The Dark Side of Opiate Addiction
The sobering statistics regarding the abuse of an addiction to opiate drugs is astounding. As the latest opiate addictive statistics divulge, Heroin is the most widely used illegal opiate but prescription opiate killers like Oxycontin, Morphine, Oxycodone, etc. are just as dangerous. Opiate addiction is recognized as a central nervous system disorder which leads to potentially fatal diseases that requires long term treatment and care. Most people become physically dependent on the drug with the very first or second use.
What is Opiate Addiction?
Prolonged use of opiates leads to nerve damage within the brain, stopping the natural painkillers known as endorphins to do their natural pain relieving process. Hence, the body is incapable of reducing or masking pain. Thus further degeneration of the nerve cells that reduce pain results in physical dependency on opiates as an external supply source. This leads to opiate addiction.

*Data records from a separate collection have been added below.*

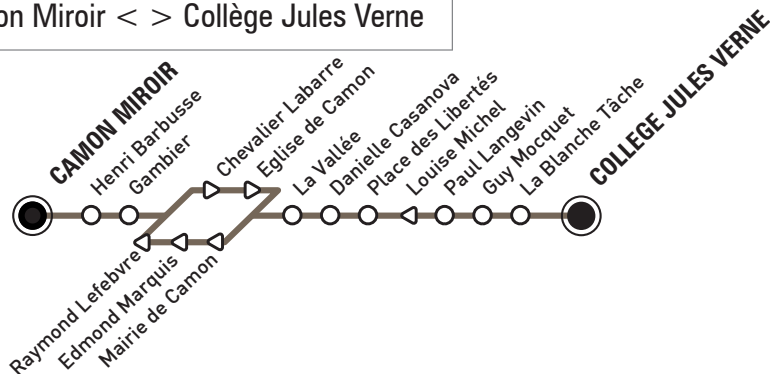

Scolaire **47** Camon Miroir < > Collège Jules Verne

S **47** Camon Miroir > Collège Jules Verne

LUNDI AU VENDREDI

	L	M	M	J	V	L	M	M	J	V	L	M	M	J	V
CAMON MIROIR	07:29					08:21					13:00				
HENRI BARBUSSE	07:31					08:23					13:02				
GAMBIER	07:33					08:25					13:03				
CHEVALIER LA BARRE	07:33					08:25					13:04				
EGLISE DE CAMON	07:34					08:26					13:04				
LA VALLEE	07:35					08:27					13:05				
DANIELLE CASANOVA	07:36					08:28					13:06				
PLACE DES LIBERTES	07:37					08:29					13:06				
PAUL LANGEVIN	07:40					08:32					13:08				
GUY MOCQUET	07:40					08:32					13:09				
LA BLANCHE TACHE	07:42					08:34					13:10				
COLLEGE JULES VERNE	07:48					08:40					13:15				

L : jours de circulation

L : jours non circulés

Le saviez-vous ?

Dates des vacances scolaires

TOUSSAINT

du 21/10/17 midi
au 06/11/17 matin

NOËL

du 23/12/17 midi
au 08/01/18 matin

HIVER

du 24/02/18 midi
au 12/03/18 matin

PÂQUES

du 21/04/18 midi
au 07/05/18 matin

S **47** Collège Jules Verne > Camon Miroir

LUNDI AU VENDREDI

	L	M	M	J	V	L	M	M	J	V	L	M	M	J	V
COLLEGE JULES VERNE	12:10					15:45					16:40				
LA BLANCHE TACHE	12:15					15:50					16:45				
GUY MOCQUET	12:16					15:51					16:47				
PAUL LANGEVIN	12:17					15:52					16:48				
LOUISE MICHEL	12:18					15:53					16:49				
PLACE DES LIBERTES	12:19					15:54					16:50				
DANIELLE CASANOVA	12:20					15:55					16:51				
LA VALLEE	12:21					15:56					16:52				
MAIRIE DE CAMON	12:22					15:57					16:53				
EDMOND MARQUIS	12:22					15:57					16:54				
RAYMOND LEFEBVRE	12:23					15:58					16:55				
GAMBIER	12:24					15:59					16:56				
HENRI BARBUSSE	12:25					16:00					16:57				
CAMON MIROIR	12:27					16:02					16:59				

L : jours de circulation

L : jours non circulés

Pour info : pas de bus le 1er Mai

Long term opiate abuse leads to physical dependency which is barred by what is known as opiate withdrawal. The physical and psychological illness that is associated with the sudden withdrawal of the drug is difficult and potentially deadly to cope with for the patient. Addicts who try to stop using find themselves going back to the drugs just to make the unpleasant withdrawal symptoms like diarrhea, cramps, excessive sweating and nausea, go away.
What are opiates’ short-term effects?
After the initial euphoric feeling from the drug that lasts several hours, other less-enjoyable short term effects include:
- With large doses, user cannot be awakened, pupils become smaller, and the skin becomes cold, moist and bluish in color. Breathing slows down and can lead to death.
- Clogging of the blood vessels that lead to the lungs, liver, kidneys or brain, causing infection or death.
- Liver and heart and disease
- Physical dependence and addiction, including severe withdrawal symptoms when the user attempts to quit.
- Higher tolerance to the drug that makes the user ingests higher doses, ultimately increasing the risk of a fatal overdose.
Opiates’ long-term effects:
The world Health Organization (WHO) estimates approximately two million people in the United States alone are addicted to Prescription opiates.
The National Institute on Drug Abuse reports that an estimated 52 million people (20 percent of those aged 12 and older) have used prescription drugs for nonmedical reasons at least once in their lifetime. About 1 in 20 high school seniors reported abusing OxyContin. The latest statistics clearly show that opiate addiction is a problem that needs to be tackled.
Opiate Addiction Treatment
As prescription opiates are legal and intended for medical use, this addiction can be overlooked. Suboxone drugs are used to help addicts overcome the addiction. However, the process is often difficult and painful and it is essential for patients to take these drugs under medical supervision. A reputable drug rehabilitation center is the best approach to effectively overcome opiate or any other drug addiction.